Re: [MMUSIC] Proposal for what bundle should say about demux

Colin, 

I've been deliberately merging layers A, B, C all into one in my discussion of this and focusing on the media stack code which has to deal with all those layers. The reasons I have been doing that is people just seemed to confused about what all the parts of RTP are such as RTP sessions. But most people seemed to understand what bits in the various packets they could look at what and what data had to end up at the right spot in the end. 

At a high level, I would draw the layers a little differently than you in that many of the implementation I work with do the jitter buffer after the data is decoded. This allows the implementations to do better packet loss concealment and play rate games where they speed up or slow down playback very slightly to smoothly adapt the jitter buffer depth. 

But regardless of the details of the order, the jitter buffer needs to look at the SSRC and if the SSRC has changed, it probably needs to retrain the jitter buffer. 
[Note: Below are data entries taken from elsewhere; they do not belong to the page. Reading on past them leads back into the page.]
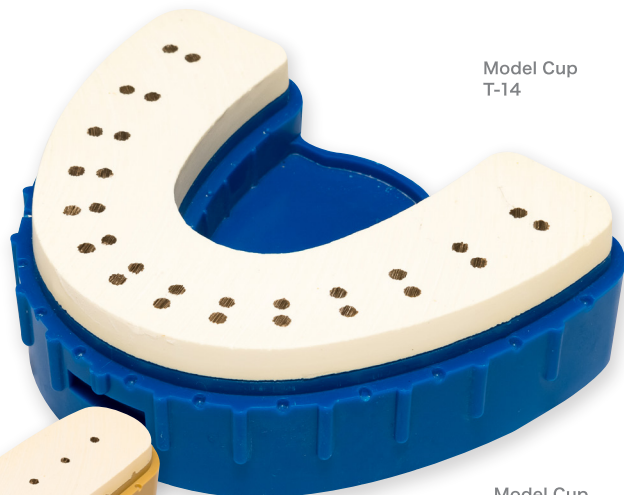

New item debuted!

Model Cup

全16種類 [ホワイト・ブルー・WOOD]

可撤式模型用トレイ モデルカップ シリーズ

回転防止機能に優れ、石膏やメタルピンとの相性にも良好な樹脂基台を使用することで、高精度で安定した製品の仕上がりに。3D スキャナに使いやすい基台形状を採用しました。

Model Cup T14x2

Model Cup T5x2

Model Cup T3x2

高強度

作業性
向上

機能性に
優れた
デザイン

2列の丸ピンを採用することで、回転防止に優れ、コンタクトの調整も正確に行えます。メタルピンがスムーズに挿入できてピタッと安定する高精度設計です。

また、顎の中心（正中線）を示すラインと各ピンの間を示す突起は、模型を正確な場所に貼る目安になります。

さらに、前歯6本の内側のピンは細くし[T-14]、カットしやすくなりました。滑り止めの突起が追加されたことで、カット時にしっかりと模型を保持することができます。3Dスキャナの台に固定しやすい形状になっています。

基台に木樹脂を使用した [WOODシリーズ]

WOODシリーズは、木粉を含んだ木樹脂を使用し、樹脂を製造する工程でCO2排出量をカット。地球にやさしい素材を使用しています。また、木樹脂を使用した基台はカット時の感触が石膏に近く、切り口がシャープなので模型の復元性に優れています。

Model Cup
T-14

Model Cup
M-5

Model Cup
Ptype

Model Cup
M-10

ModelCup
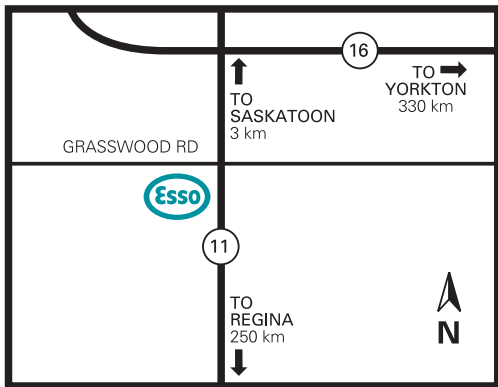

Saskatoon (Grasswood), Sask. Hwy. #11 at Grasswood Road

Site 56451
Grasswood

On-Site
sur place

Nearby
à proximité

Products available on Cardlock Card
Services disponibles avec la carte Cardlock

Located at Grasswood service station, west side of Hwy #11, 3 km south of Saskatoon.

Driver Lounge on site.

Agent: (306) 373-1888
Fax: (306) 477-4198

Situé à la station-service de la route Grasswood, à l'ouest de l'autoroute 11, à 3 km au sud de Saskatoon.

Salon pour les chauffeurs sur place.
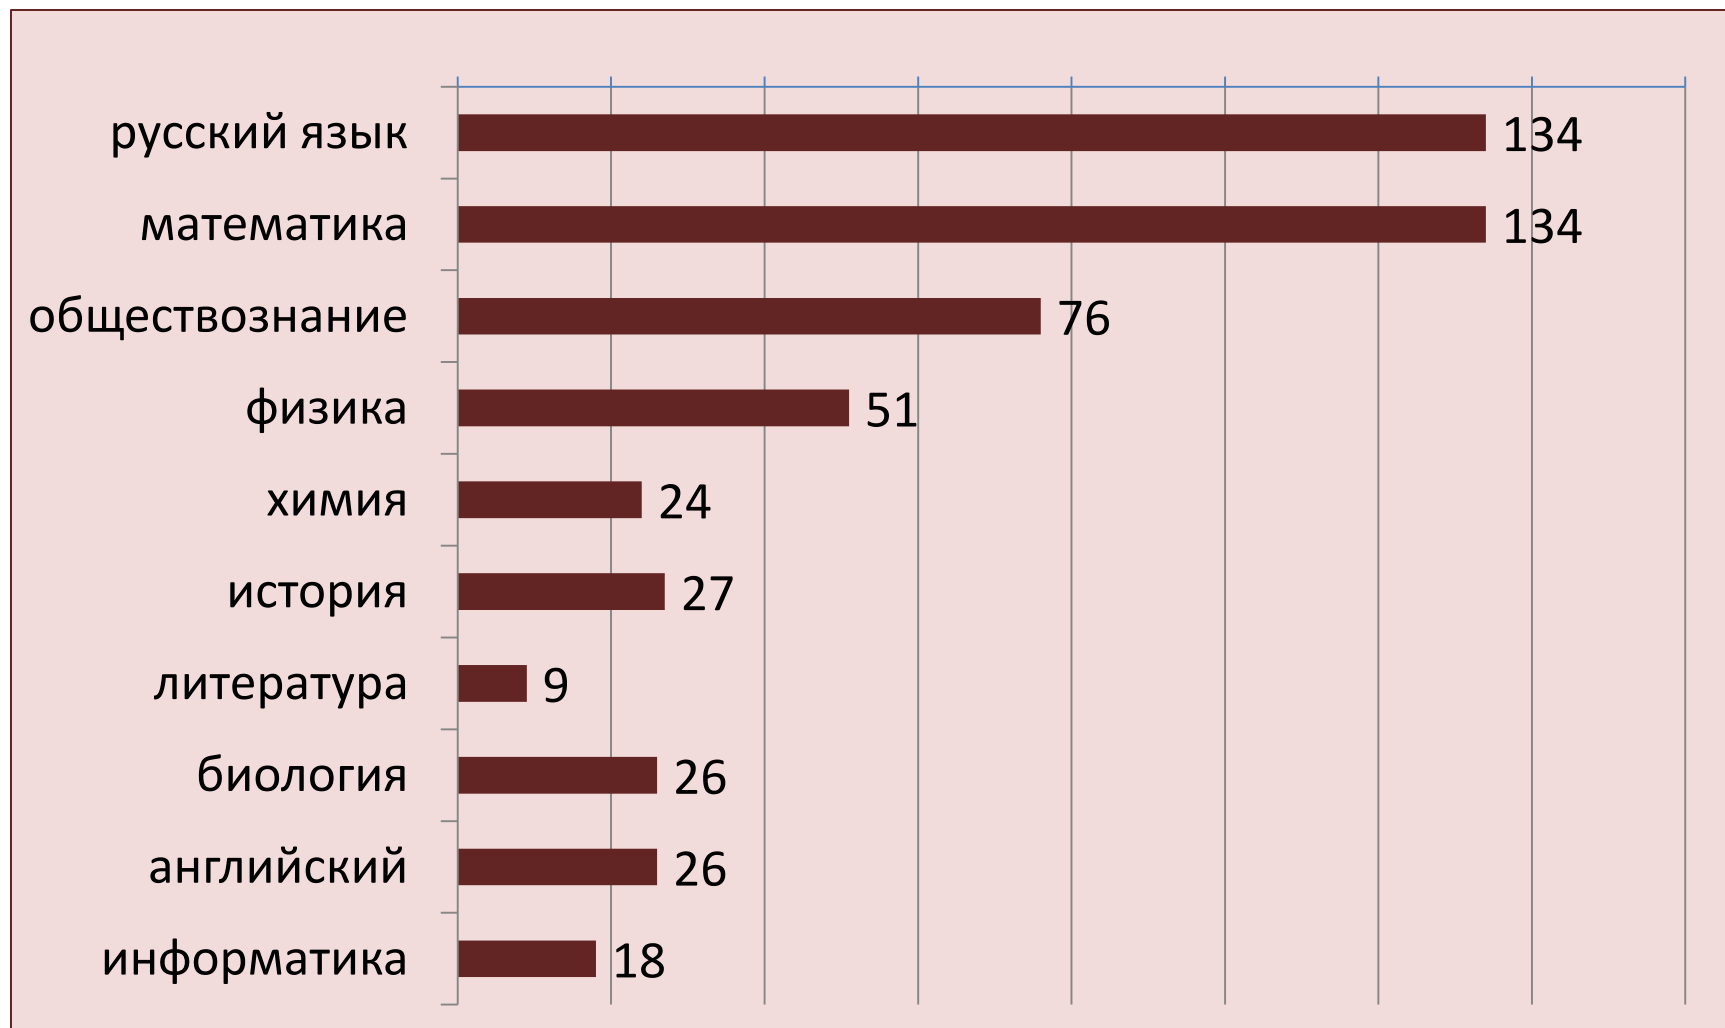

**РЕЗУЛЬТАТЫ НЕЗАВИСИМОЙ ЭКСПЕРТИЗЫ
КАЧЕСТВА ЗНАНИЙ ОБУЧАЮЩИХСЯ
9 И 11 КЛАССОВ
ЗА 2013-2014 УЧЕБНЫЙ ГОД**

МБОУ гимназии №35

**Заместитель директора по УВР
Левшунова Н. А.**

ГОСУДАРСТВЕННАЯ ИТОГОВАЯ АТТЕСТАЦИЯ
2014 ГОДА

ЕДИНЬЙ ГОСУДАРСТВЕННЫЙ ЭКЗАМЕН

Количество учащихся 11 классов принимавших участие в ЕГЭ в 2013-2014 учебном году

Результаты ЕГЭ 2013-2014г.

Среднее значение по предметам

Сравнительный анализ результатов ЕГЭ за 2009-2014 годы

Lets talk a bit more about your diagram and what happens when Alice creates and Offer with that does not have use bundle and has two audio codecs. When an RTP packets #1 gets sent to Alice and it arrives before the answer, somewhere in layer B/C, something needs to look at the PT value to decide what codec this goes to. Alice knows nothing about what SSRC the other side is using. Now lets say that packet #2 arrives (again before answer) and packet #2 is on the same port, same PT, but has a different SSRC. None of the implementations I work with for audio would allocate a new PB or CR. Instead they would pass packet #2 throughout the same codec instance that packet #1 had used and expect things like the jitter buffer to note the SSRC change and act accordingly. For DSP based audio systems where the actual codec instances are loaded into the DSP and have a reserved set or resources allocated for them, this is a very common design. 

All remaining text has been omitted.